Job hunting in 2025 is a new territory for new graduates that is becoming challenging to navigate for all job seekers.
With the rise of artificial intelligence and the devaluation of education, the current job market is unsustainable for advancing human capital and the workforce.
According to the Federal Reserve Bank of New York, “The labor market for recent college graduates deteriorated noticeably in the first quarter of 2025. The unemployment rate jumped to 5.8 percent… and the underemployment rate rose sharply to 41.2 percent.”
This concerning statistic could be attributed to the labor market failing to recover from previous recessions.
Derek Thompson, a writer for The Atlantic, argues that the labor market never bounced back from the 2008 financial crisis and has been further interrupted by the pandemic and inflation.
“Young people are having a harder time finding a job than they used to, and it’s been going on for a while, at least 10 years,” David Deming, an economist at Harvard University said to Thompson.
An emerging reason as to why new graduates are having difficulty finding new jobs is AI’s involvement in the hiring process. From evaluating resumes by keywords to conducting interviews, AI has taken over human resources’ job of screening candidates.
“Facial recognition and voice analysis algorithms can evaluate candidates’ responses, tone, and emotional intelligence, scoring them against predefined success metrics,” Forbes said.
While AI interviews leave room for concern and bias, AI has also taken over entry-level jobs. A recent example of this is when Duolingo announced it will be “AI-first”, meaning Duolingo will “gradually stop using contractors to do work that AI can handle,” CEO Luis von Ahn said. The decision to have AI replace entry-level jobs limits opportunities for new graduates and those making a career switch.
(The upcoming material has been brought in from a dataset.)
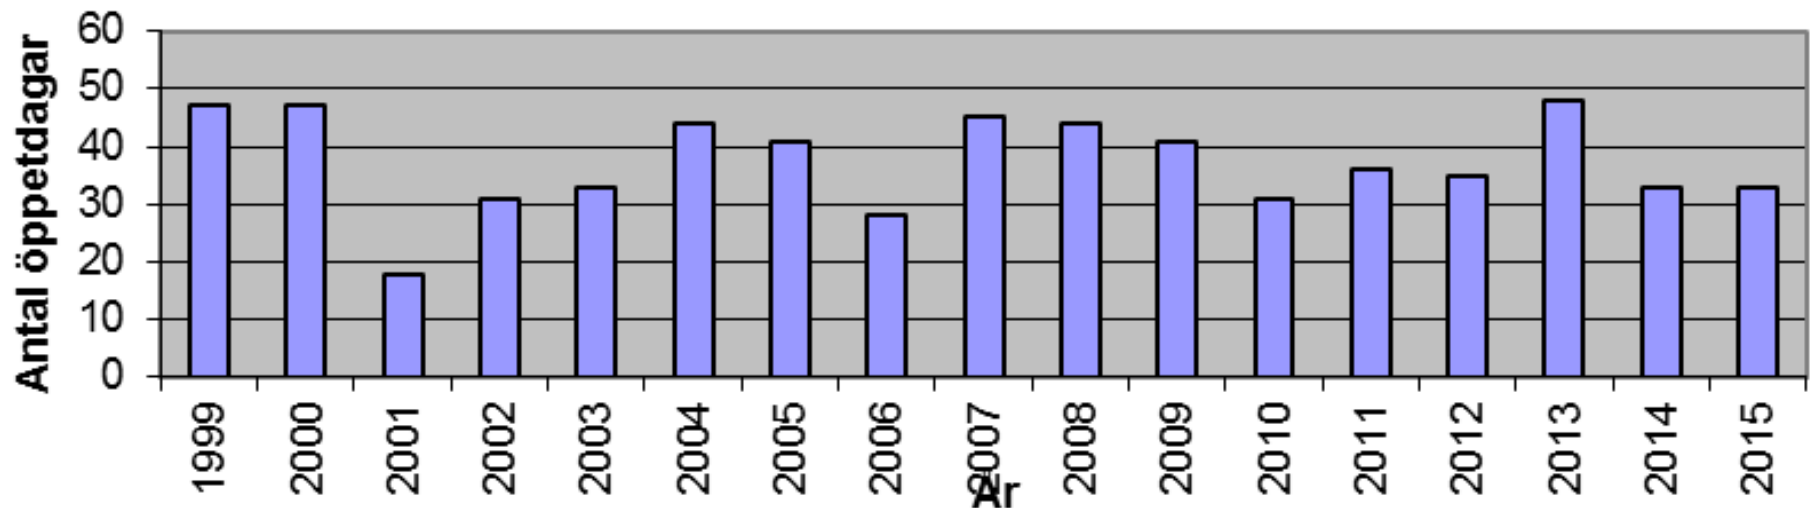

Antal öppettid dagar vid Dyktankhuset

However, AI has also taken on the coursework of college students and reduced the amount of labor and intellectually stimulating work students need to develop in higher education.
This not only weakens students’ ability to learn for themselves but also makes younger generations increasingly reliant on AI. At its core, it contributes to the shift of higher education being devalued.
The AI dilemma cycles back into the value of a college degree. Initially stating that college would guarantee a student a high-earning job, the message evolved into only certain majors that would yield good paying jobs, and eventually into whether an undergraduate degree is sufficient at all.
In a job market where AI can take over graphic design and computer science, undergraduate degree holders find themselves struggling to stand out.
It highlights the underlying implication that higher education should be seen as a mere transaction.
“How can we expect [students] to grasp what education means when we, as educators, haven’t begun to undo the years of cognitive and spiritual damage inflicted by a society that treats schooling as a means to a high paying job, maybe some social status, but nothing more?” Troy Jollimore, a professor at California State University, Chico, wrote.
Fake job listings, called ghost jobs, and ghosting, meaning avoiding communication, have been increasing in the job market as well.
“Greenhouse figured out that between 18% and 22% of jobs advertised in 2024 were appeals for new workers that never actually got filled” the Wall Street Journal said.
WSJ continues by using the experience of Serena Dao, an MBA candidate at Carnegie Mellon’s Tepper School of Business.
“[Dao] ultimately never heard back from 116 companies, including several where she had already made it through two or three rounds of interviews, flown in to meet with executives or tackled take-home assignments that required several hours of work.” Dao was eventually successful in finding a job by networking, which WSJ stated was “key to landing a job than at any point in recent history.”
Allowing the job market to continue in its current direction will be detrimental to the future of the economy. By creating barriers to gaining necessary experience, the job market is killing off equal opportunity and putting more individuals in financially dire circumstances.
The Kafkaesque cycle of job hunting in 2025 can be alleviated through human emphasis. Whether that human emphasis comes from professionals networking with college graduates or a movement against AI, either would be a first step towards saving the workforce.
An even more effective way would be to end corporate greed at its root instead of requiring applicants to adapt to the high demands of the changing landscape, which is often inaccessible for the lower class.